_WHAT THE TASK REQUIRES_. Give the number of lines in the records below that hold "aspiration"; nothing else is needed.

Stored entries:
____

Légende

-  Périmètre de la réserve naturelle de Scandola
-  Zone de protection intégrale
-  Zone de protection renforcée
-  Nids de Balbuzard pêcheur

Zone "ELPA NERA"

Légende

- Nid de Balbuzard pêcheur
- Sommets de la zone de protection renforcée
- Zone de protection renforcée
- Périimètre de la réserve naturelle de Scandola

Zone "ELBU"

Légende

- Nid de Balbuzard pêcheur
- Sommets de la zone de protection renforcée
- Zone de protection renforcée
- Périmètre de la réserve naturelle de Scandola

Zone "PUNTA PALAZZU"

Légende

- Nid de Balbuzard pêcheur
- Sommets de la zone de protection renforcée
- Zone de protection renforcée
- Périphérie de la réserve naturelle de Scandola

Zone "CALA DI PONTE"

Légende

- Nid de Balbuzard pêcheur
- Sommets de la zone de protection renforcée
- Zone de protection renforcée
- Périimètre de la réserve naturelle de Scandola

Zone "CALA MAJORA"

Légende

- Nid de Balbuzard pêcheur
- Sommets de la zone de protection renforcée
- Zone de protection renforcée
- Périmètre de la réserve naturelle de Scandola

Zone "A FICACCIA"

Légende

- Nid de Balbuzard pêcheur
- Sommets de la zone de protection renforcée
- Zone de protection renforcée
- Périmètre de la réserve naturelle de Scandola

____

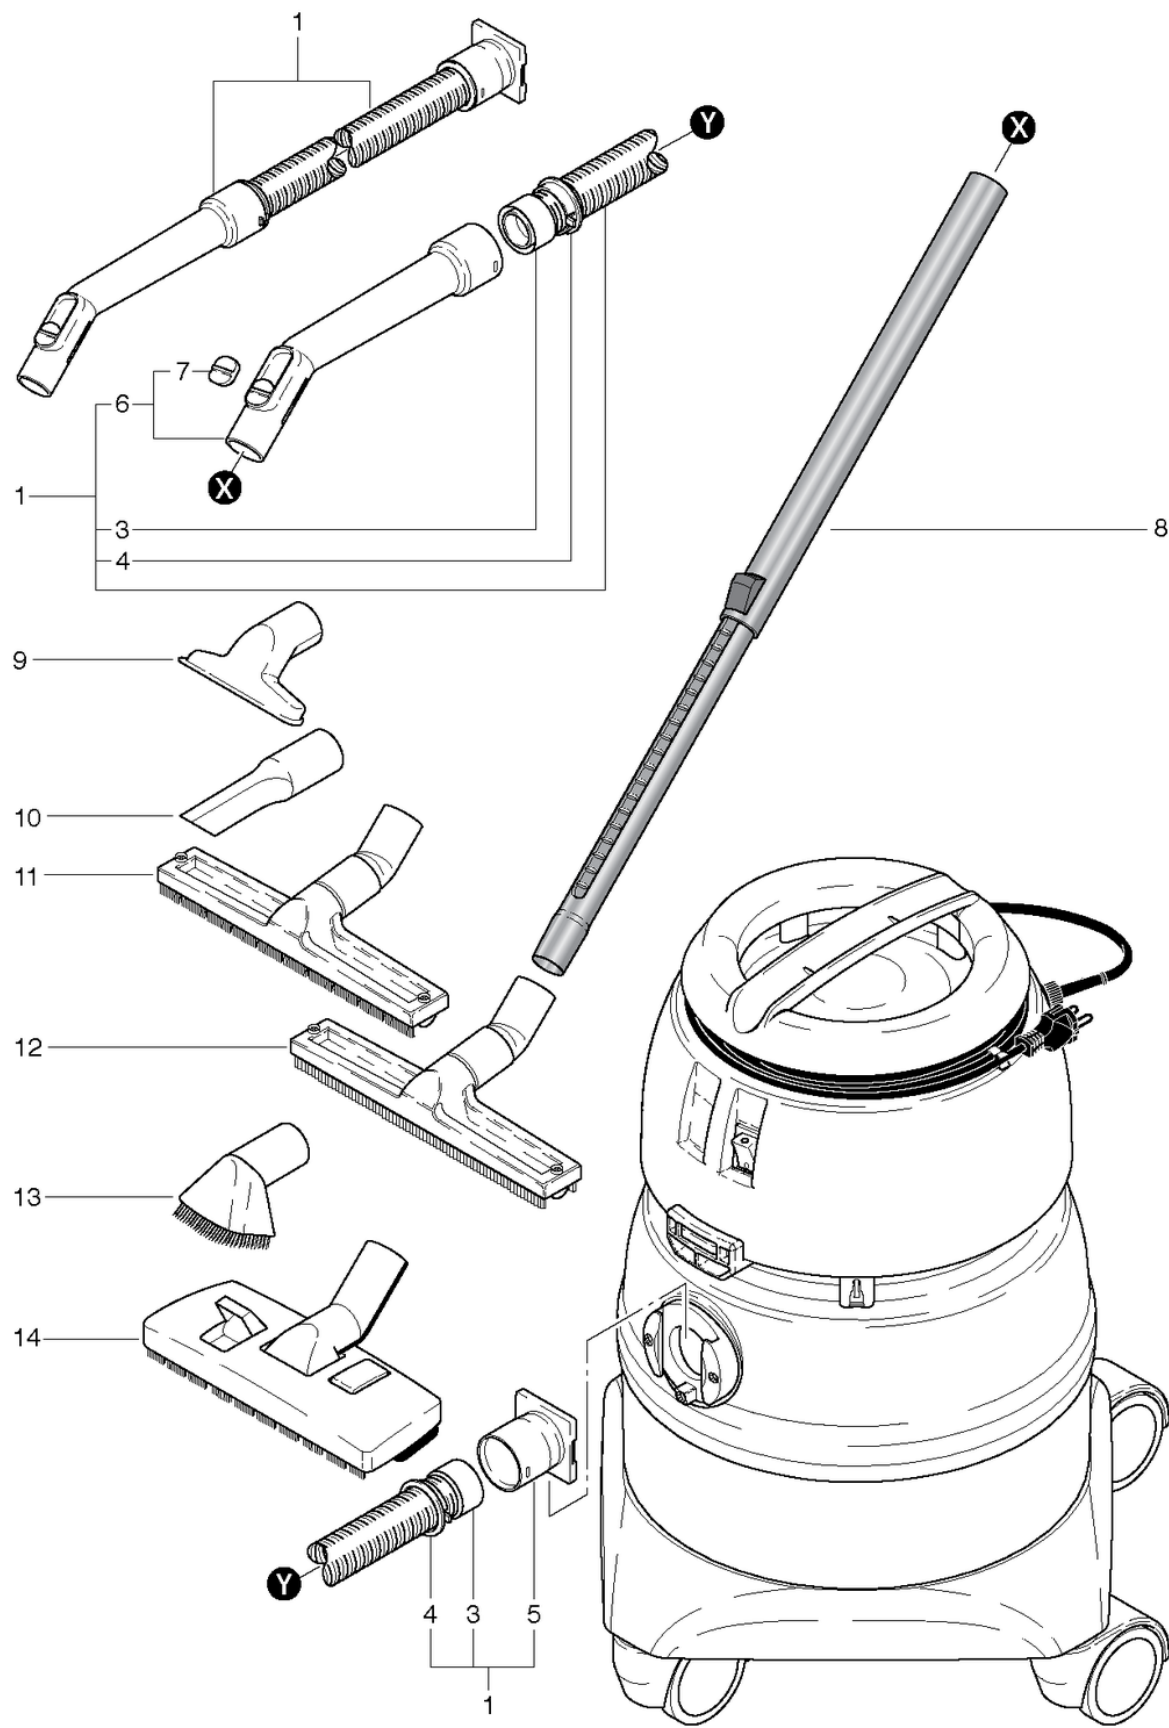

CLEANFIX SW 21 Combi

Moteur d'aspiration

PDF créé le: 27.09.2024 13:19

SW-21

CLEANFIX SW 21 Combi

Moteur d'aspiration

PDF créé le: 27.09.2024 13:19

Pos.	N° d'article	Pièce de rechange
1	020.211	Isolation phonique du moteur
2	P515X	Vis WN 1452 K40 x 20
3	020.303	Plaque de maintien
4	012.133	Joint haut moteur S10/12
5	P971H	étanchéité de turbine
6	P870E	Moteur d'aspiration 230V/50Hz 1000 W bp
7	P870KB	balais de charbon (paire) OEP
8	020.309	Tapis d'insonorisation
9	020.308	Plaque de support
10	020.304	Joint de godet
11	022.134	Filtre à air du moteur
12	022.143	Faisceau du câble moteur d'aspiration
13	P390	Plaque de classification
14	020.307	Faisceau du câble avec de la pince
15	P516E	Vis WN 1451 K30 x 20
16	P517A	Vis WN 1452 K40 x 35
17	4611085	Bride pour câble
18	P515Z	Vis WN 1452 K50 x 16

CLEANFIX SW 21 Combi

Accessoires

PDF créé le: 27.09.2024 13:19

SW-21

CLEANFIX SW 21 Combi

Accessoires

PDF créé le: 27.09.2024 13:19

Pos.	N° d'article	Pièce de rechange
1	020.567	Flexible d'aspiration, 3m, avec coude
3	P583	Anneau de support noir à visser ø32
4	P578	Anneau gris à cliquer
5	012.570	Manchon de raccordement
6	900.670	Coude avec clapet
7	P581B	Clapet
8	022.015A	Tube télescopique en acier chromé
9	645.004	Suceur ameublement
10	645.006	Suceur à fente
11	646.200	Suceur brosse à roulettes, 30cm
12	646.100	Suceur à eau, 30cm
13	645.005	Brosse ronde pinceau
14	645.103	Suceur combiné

____

_FINISHED TASK_. 5